■ The task
Using the data beneath, show every line that includes the word "Pohjakuva".

■ Material to process
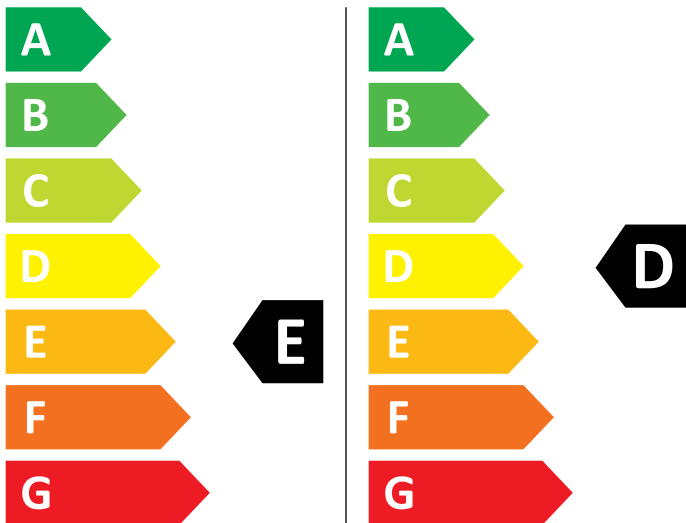

ENERG

AEG

L7WSK864C 914606404

💧 266 kWh/100

💧 73 kWh/100

4,0 kg

8,0 kg

60 L
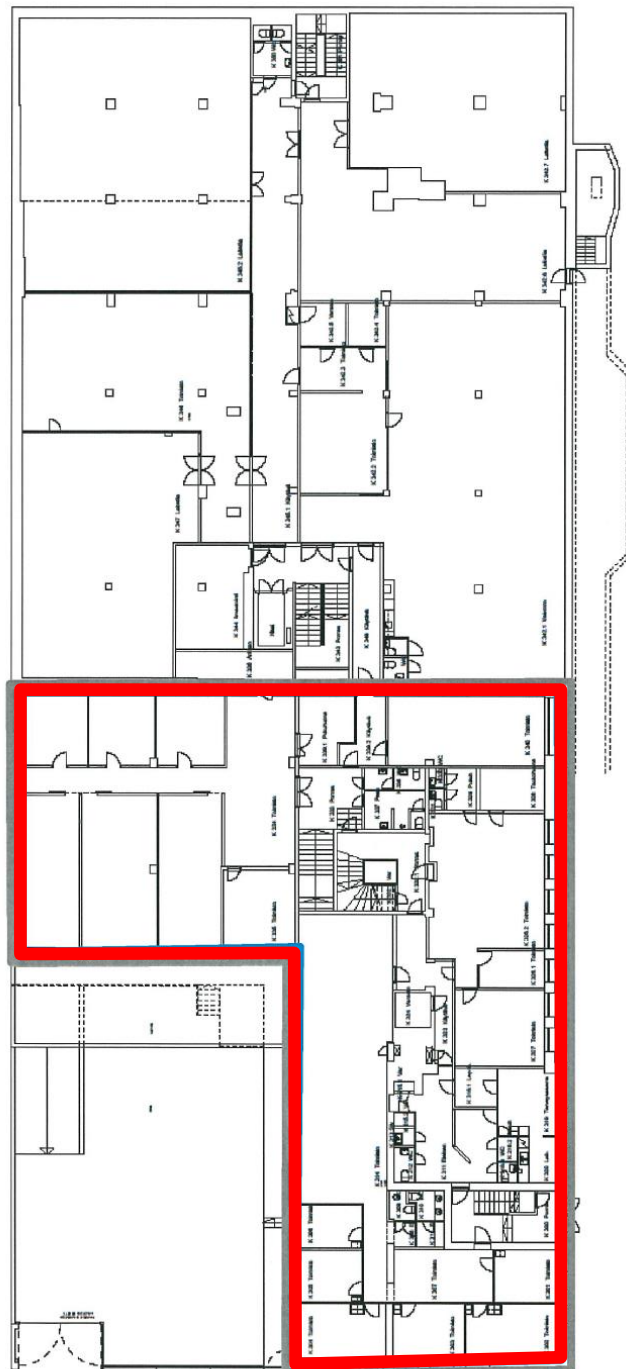

Toimitilaa Harjukatu 28, 15110 Lahti

Pohjakuva 1. krs

Pohjakuva on ohjeellinen, voi poiketa todellisesta, vuokrattava alue rajattu karkeasti punaisella.

SUOMEN TOIMITILA OY

Rautatiekatu 19-21 B, 4. krs, 15110 Lahti ■ +358 (0)50 4434 055, +358 (0)500 492 011 ■ info@tilaa.fi ■ Y-tunnus 28789138 ■ tilaa.fi

■ Answer area
Pohjakuva 1. krs
Pohjakuva on ohjeellinen, voi poiketa todellisesta, vuokrattava alue rajattu karkeasti punaisella.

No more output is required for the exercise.